You are not correct. Advertisers don't pay for traffic that doesn't convert
for long -- if they were made to, they'd get POed at Google. Accordingly, if
your traffic does not convert, you will be given "smart pricing" --
essentially, ads placed on your site will be automatically discounted.
Heavily. This will result in CPMs (cost per thousand pageviews) so low they
will be measured in cents.

[http://adsense.blogspot.com/2005/10/facts-about-smart-
pricin...](http://adsense.blogspot.com/2005/10/facts-about-smart-pricing.html)
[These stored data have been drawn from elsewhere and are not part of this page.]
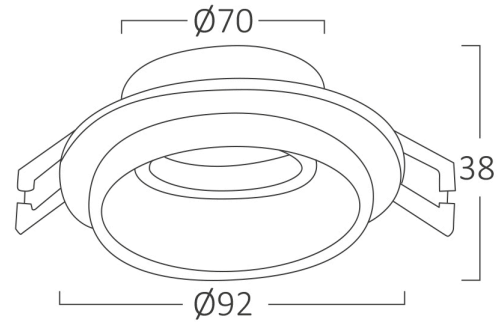

Braytron

TECHNISCHES DATENBLATT

MODELL	BH03-06042
BESCHREIBUNG	BRY-ALFA-E-RND-BLC-WHT-SPOTLIGHT

BRAYTRON SRL

MUNICIPIUL BUCUREȘTI, SECTOR 6, BLD. IULIU MANIU, NR.616, CORP B, ET.1,BUCUREȘTI, Sector 6(RO)
info@braytron.com
www.braytron.com

Allgemeine Merkmale

Modell	:	BH03-06042
Hauptkategorie	:	Innenbeleuchtung
Unterkategorie	:	GU10 Einbauspot
Typ	:	Spotlight
Gehäusefarbe	:	White-Black
Garantie	:	2 Years
IP (Schutzart)	:	IP20

Product Characteristics

Max. Leistung	:	Max.1×35 w
---------------	---	------------

Elektrische Eigenschaften

Material	:	Aluminium
Arbeitstemperatur	:	-20°C ~ +40°C

Dimensions & Weight

Durchmesser	:	92 mm
Höhe	:	38 mm
Ausschnitt (Bohrung)	:	70 mm
Gewicht	:	100 gr

Paket-Informationen

Nettogewicht	:	5 kgs
Bruttogewicht	:	6,5 kgs
Stückzahl pro Karton (PCS/CTN)	:	50
Länge	:	52 cm
Breite	:	25 cm
Höhe	:	22 cm
EAN-Code	:	5949097728907

The submission article suggests that $10 to $150 is reasonable for a site with
100 pageviews a day (i.e. 3k per month, implying a CPM of $3.33 to $50). If a
3k per month site gets smart priced, its monthly earnings will drop to between
about a buck and two bucks (or less). Since Google does not issue checks for
less than $100, you will be lucky if you see a check in the next five years.

------
thesethings
Great article. This guy wrote more helpful stuff about ads in the name of free
software than many ad "experts" do with no other pretext.

------
bobbyl
How does this advice compare to free online software? Does Google Adsense make
sense for free online software?

------
peregrine
Very through article.

Defiantly something people should look into.